Yesterday, one of my clients at work gave me a birthday present (how sweet!) and then asked me how my birthday was. To this I exclaimed: “IT WAS THE BEST BIRTHDAY EVER!!!”
My birthday this year was the best one since that mountain top in Europe. (Read about the day God changed my life HERE)
As the location implies, that day was literally a mountain top experience. I was so full of faith, excitement. Everything was new, and wonderful. God was close, the possibilities were endless. Dormant dreams suddenly became feasibilities, and hope was rising within me. I had so much anticipation and plans for the coming years.
Then the years came and went, (seven of them, to be exact) but none of my dreams came to fruition.
I am pretty sure I have cried on every birthday since that special one in Europe, because I was so disillusioned with what had come to be. That may sound ridiculous to you, and that’s alright. There are some things and details about my life that I don’t need to go into detail about here on this blog. So I will summarize it to say that there have just been some years of growth and brokenness that needed to take place, but were hard to get through. Every birthday that came and went became a reminder that my hopes were once again deferred. Each year I was just so disappointed and dejected with my position in life. Nothing was what I thought it would be.
I spent all of 26 dreading turning 27.
However something was different this year.
I have greeted so many birthdays with tears, but this year, I woke up with joy.
For the first time, in a long time, I feel like I can finally smile at my future. (I always found that portion of Proverbs 31 a challenge.)
The funny thing is that nothing has changed. Not really. Nothing about my circumstances as a 27 year old are different from what they were at 26 (or 25…or 22…)
I am still single.
I am still in college.
I am still working the same jobs.
My circumstances haven’t changed – I have. I am not the same person I was a year ago.
So why was my birthday so great?
Well, it could have been the fact that after so many years of feeling like I had no one to celebrate with, this year a whole group of friends (and a few couldn’t come) took me out to my favorite dessert place. I felt blessed beyond measure to have so many wonderful women in my life.

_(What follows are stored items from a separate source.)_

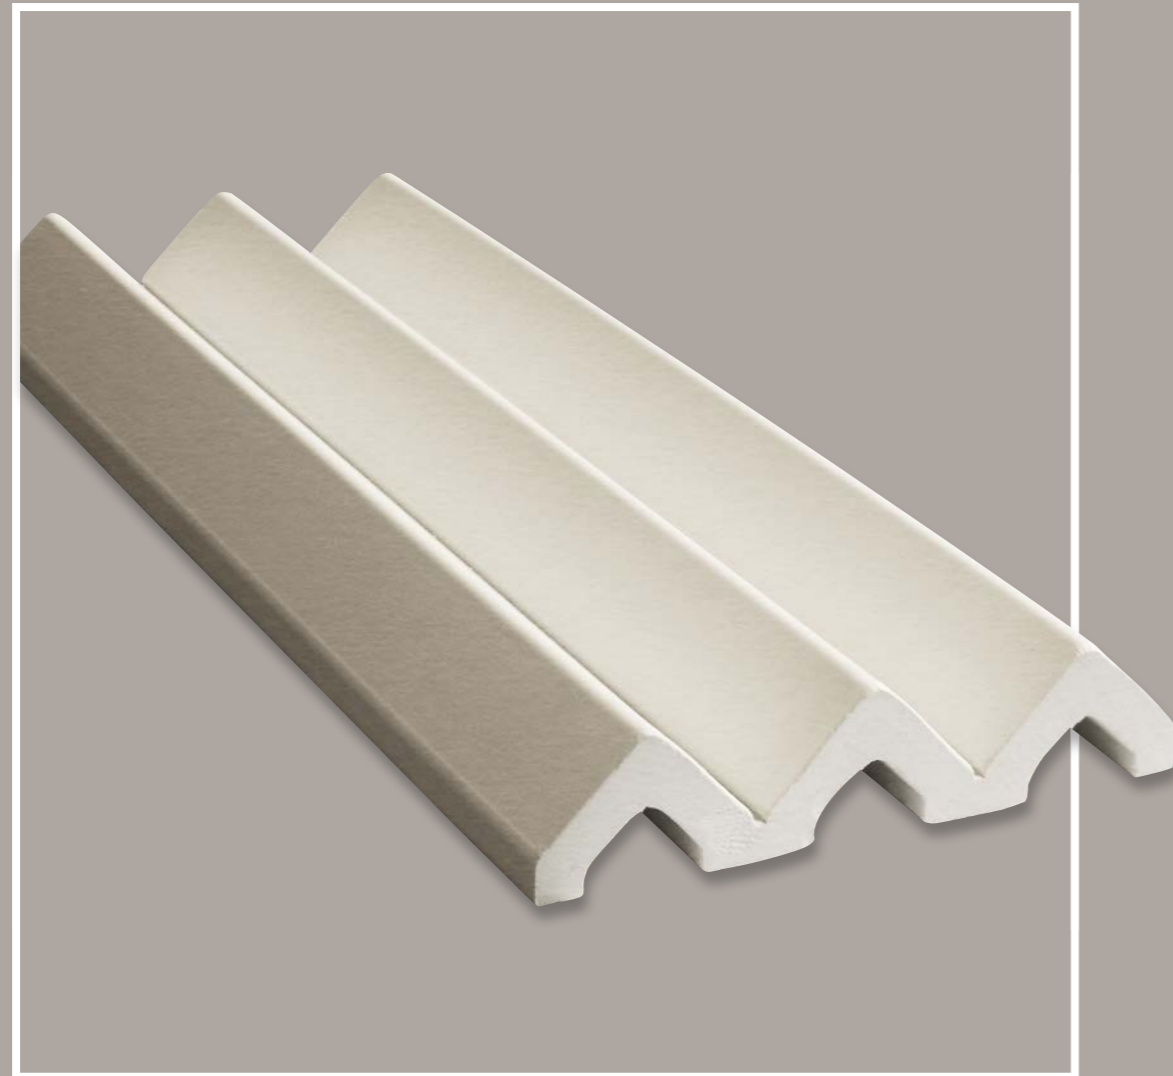

DYNAMIC

ARCH 15 x 30 · 6" x 12"
ANGLE 12,5 x 30 · 5" x 12"

EVOLUTION
EXTRUDED PORCELAIN TILE

REVESTIMIENTO / WALL TILE
DYNAMIC WHITE 7,5 x 30 · 3" x 12"
DYNAMIC ANGLE FROST 12,5 x 30 · 5" x 12"

DYNAMIC

PE GRES EXTR. PORCELÁNICO
 PORCELAIN EXTRUDED TILE

REVESTIMIENTO
 WALL TILE

RESIST. A ÁCIDOS Y BASES
 RESIST. TO ACIDS & BASES

SUPERFICIE MATE
 MATT SURFACE

RESIST. A LA HELADA
 FROST PROOF

SIN MANTENIMIENTO
 NO MAINTENANCE

EVOLUTION
 EXTRUDED PORCELAIN TILE

BASES COMBINABLES SERIE ART
 COMBINABLE BASES

DYNAMIC WHITE
 7,5 x 30 (G 59) 3" x 12" m²

DYNAMIC ARCH FROST
 15 x 30 (G 51) 6" x 12" m²

DYNAMIC ARCH DARK
 15 x 30 (G 51) 6" x 12" m²

DETALLE

DETAIL
DYNAMIC ARCH FROST
 15 x 30 · 6" x 12"

PERFIL

PROFILE

DYNAMIC ANGLE FROST
 12,5 x 30 (G 51) 5" x 12" m²

DYNAMIC ANGLE DARK
 12,5 x 30 (G 51) 5" x 12" m²

DETALLE

DETAIL
DYNAMIC ANGLE FROST
 12,5 x 30 · 5" x 12"

PERFIL

PROFILE

Sure. Any of those reasons would suffice for my having a good birthday.
However, I think there is more to it than that.
I have finally made my peace with where God has me in life, and it has made a world of difference in my joy.

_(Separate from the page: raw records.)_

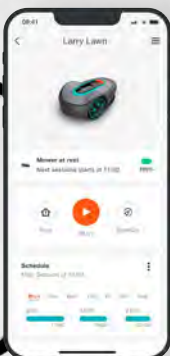

DZIAŁA W KAŻDYCH WARUNKACH POGODOWYCH

W deszczu czy w słońcu, pod górę czy z górki

Dostępny jako

Aplikacja GARDENA Bluetooth®

Natychmiastowe sterowanie z odległości do 10 m

Więcej informacji na stronie 11.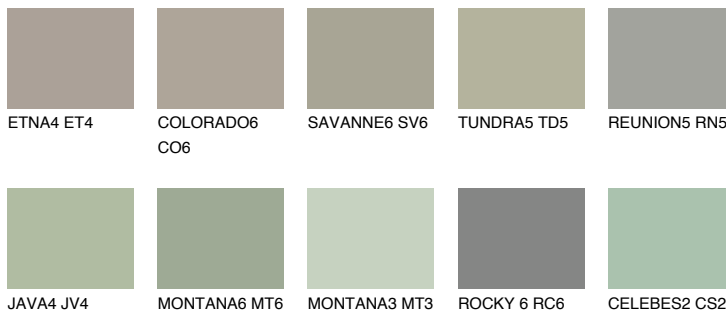

**SIBERIA5 SI5**☾ 37% **TSR 32%****Passzoló színek****COLOURS****Intenzív színek**

További információért látogasson el a  
[www.ceresit.hu](http://www.ceresit.hu)

\*A látható színek a Ceresit által kínált összes vakolatra és festékre vonatkoznak. A tényleges színek kis mértékben eltérhetnek az itt láthatóktól, ez függ a felülettől, a körülményektől és a választott vakolat textúrájától. Javasoljuk a valódi színminták ellenőrzését is a Ceresit forgalmazójánál.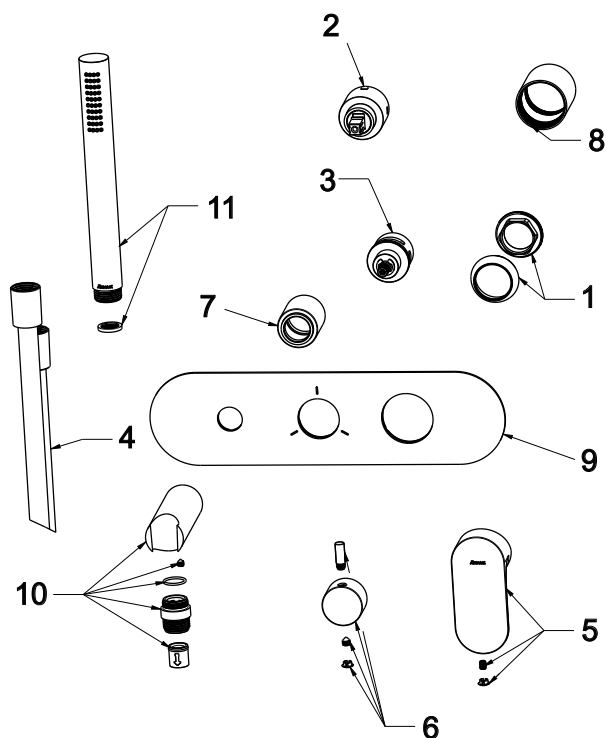

# ELEGANTA

**RAVAK**<sup>®</sup>

EL 068.20BLM.O3.RB07D.+S Pod. 3-c. bez t., se s., black matt

Obj. č. (SIČ): X070296

Č.	Obj. č. (SIČ)	Náhradní díl	Cena bez DPH	Cena s DPH
1	X07P914	Krytka matice kartuše černá mat	159,50	193
2	X07P827	Kartuše	247,93	300
3	X07P1069	Přepínač	1 589,26	1 923
4	X07P1084	Sprchová hadice černá mat 150 cm	929,75	1 125
5	X07P990	Páka černá mat	675,21	817
6	X07P1005	Páka přepínače černá mat	599,17	725
7	X07P889	Krycí válec přepínače černá mat	636,36	770
8	X07P879	Krycí válec kartuše černá mat	344,63	417
9	X07P834	Krycí deska černá mat	3 704,13	4 482
10	X07P1080	Sada na připojení sprchy černá mat	1 757,02	2 126
11	X07P670	Ruční sprcha černá mat	2 057,85	2 490

It has taken me about 7 years to figure out how to really surrender my life to the Lord. Not just in method or in motion, but in reality and totality. I find that interesting, because in the Bible, the number 7 represents completion.
My life is not my own, because I gave it completely to Jesus on a snowy January 8th, back in 2006. The seven years since that day have been a journey to where I am now…Twenty-Seven. I must say, 27 feels good. Really Good. I cannot quite put it into words, but I finally feel comfortable in my own skin.